Ini sudah sore. Beberapa orang sudah dikembalikan ingatan aslinya. Tinggal Arisa, Fadilah, Riva, dan beberapa anak lain. Susan dan Merapi ada di dalam gedung sana, sedang diproses. Setelahnya giliran Arisa, tapi ia malah kelayapan dulu kemana-mana, mengobrol dengan Fadilah dan Riva.

Sebenarnya Arisa tidak ingin dikembalikan ingatannya hari ini.

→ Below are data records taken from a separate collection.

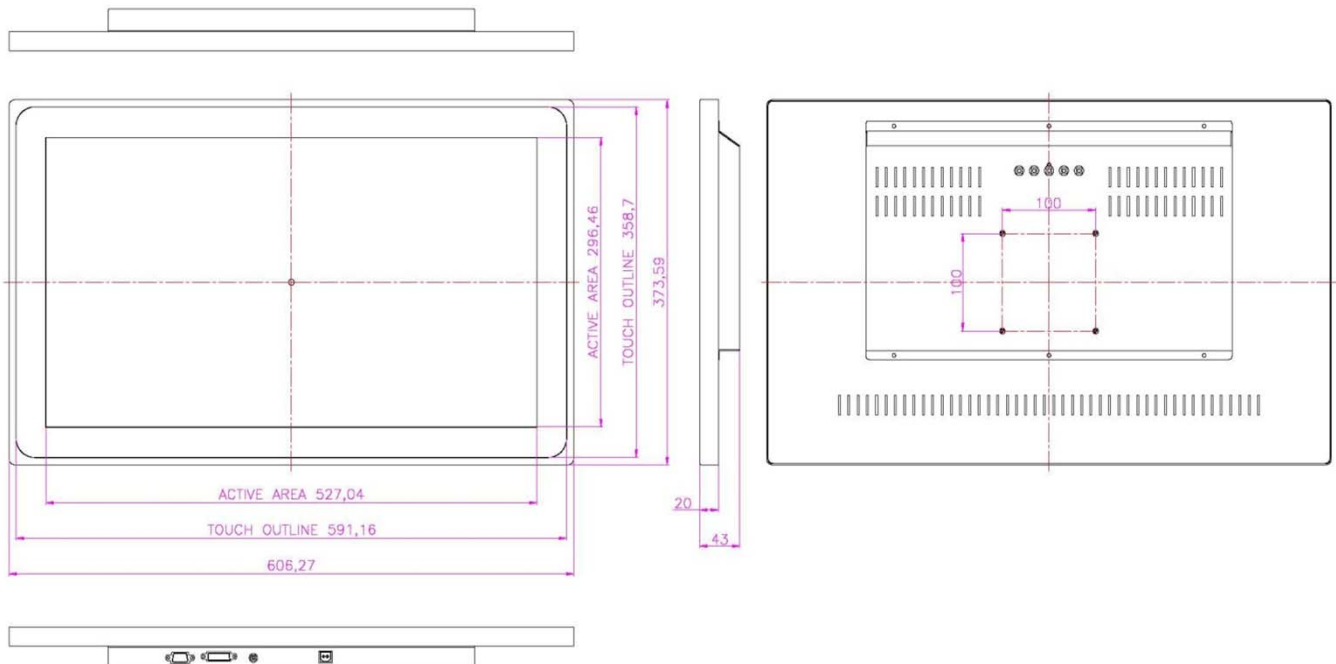

# Round Multi-PCAP Touch Monitor

## Chassis Type(Flat Type)

### Specification

<b>Model Name</b>	TSCHA-2380-PCT
Size	23.8 inch Wide
Active Area(mm)	527.04(H) X 296.46(V)
Pixel Pitch(mm)	0.2745(H) X 0.2745(V)
Resolution	1920(H) X 1080(V)
Contrast Ratio	1000 : 1 (Typ)
Display Color	16.7 M
Brightness(cd/m <sup>2</sup> )	250 (Typ)
Viewing Angle (L/R/U/D)	89 / 89 / 89 / 89
Signal Connector	(RGB, DVI)
Optional Signal Connector	HDMI, S-Video, CVBS, DP
Power Source	12V DC in, with External AC to DC Adapter
Power Consumption	30W
Power Management	VESA DPMS Compliant
Plug & Play	VESA DDC 1/2B
Touch screen	PCAP
Product weight	TBD
Packing Information	TBD

### Mechanical Drawing

\* Specifications are subject to change without notice.

\* Drawing is subject to change according to the specification

"Nama asli Kak Red siapa tadi? Arisa? Nggak jauh beda sama nama Arina. Tapi enaknya dipanggil Kak Red aja deh." Fadilah berkata.

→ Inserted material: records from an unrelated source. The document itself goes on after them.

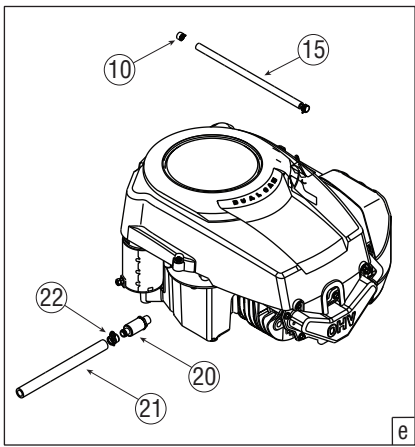

Models 760-779

Illustrated Parts List

To order replacement parts, call the Customer Service Line at 1-800-800-7310, or visit www.mtdproducts.com

Ref. No.	Part No.	Description
1	710-0227	Screw, #8-18 x .50
2	710-1502	Screw, #8-18 x .375
3	710-0604A	Self-tapping Screw, 5/16-18, .625
4	710-1237	Screw, #10-32, .625
5	710-1314A	Socket Cap Screw, 5/16-18, .625
6	710-1315	Self-tapping Screw, 3/8-16, 1.25
7	751-10013	Exhaust Pipe
8	783-04573	LH Muffler Bracket
9	725-0157	Cable Tie, 7.4"
10	726-0205	Hose Clamp, .490
11	710-0599	Screw, 1/4-20, 0.500
12	751-9986A	Muffler, Bug
13	783-04574	RH Muffler Bracket
14	751B221535	Casing Clamp
15	751-10349	Fuel Line Hose
16	751-0564B	Muffler Deflector
17	751-10162	Muffler, Single Inlet
18	783-04576	Muffler Shield
19	751-0620A	Exhaust Pipe

Ref. No.	Part No.	Description
20	751-3140	Oil Drain Valve
21	751-3141	Oil Drain Hose
22	751-3142	Oil Drain Cap
23	783-0615D	Muffler Heat Shield
24	721-0348	Exhaust Gasket
25	731-05628	Oil Drain Sleeve
26	751-0617B	Muffler, Single Inlet
27	721-0208	Exhaust Gasket
28	737-0143	Oil Drain Cap, 3/8-18
29	737-0199	Oil Drain Pipe, 3/8-16, 2.0
30	712-04065	Flange Lock Nut, 3/8-16
31	751-0619A	Exhaust Pipe
32	751B222261	Muffler Deflector
33	736-0300	Flat Washer, .406 x .875 x .059
34	738-0143	Shldr Screw, .498 x .340 x 3/8-16
35	751-0622A	Exhaust Pipe
36	712-0271	Hex Sems Nut, 1/4-20
37	751-10047	Kohler Courage Exhaust Pipe
38	KH-20-041-12-S	Gasket, Kohler Courage

- (a) Tractor models with Tecumseh Single-cylinder Engine (16 HP - 18 HP)
- (b) Tractor models with Tecumseh Single-cylinder Engine (12 HP - 15 HP)
- (c) Tractor models with Briggs and Stratton OHV Single-cylinder Engine
- (d) Tractor models with Briggs and Stratton OHV Single-cylinder Engine (canister muffler)
- (e) Tractor models with Kohler Single-cylinder Engine (16 HP - 20 HP)

NOTE: Tractor features vary by model. NOT all parts listed above and pictured on the previous page are standard equipment.

Arisa manggut-manggut. "Kalian juga enaknya dipanggil Fadilah sama Riva. Nggak ribet," ujarnya, sembari menatap orang yang sibuk keluar masuk gedung lab karena berbagai macam hal.

Keadaan hening sejenak.

"Nggak nyangka bakal kayak gini," ucap Riva.

Arisa menoleh ke arah gadis itu, tersenyum getir. Fadilah Riva sempat bercerita tadi. Setelah dirinya diculik Arival, keadaan di basecamp jadi tidak jelas. Biru menghilang, kemudian Susan dan Merapi. Lalu, saat sore, mereka tiba-tiba bangun di ruangan putih dengan banyak alat terpasang di tubuh. Bingung karena ada banyak ilmuwan berjas putih mengelilingi. Lalu, bertahap, kebenaran tentang diri mereka datang. Ingatan palsu menyebalkan.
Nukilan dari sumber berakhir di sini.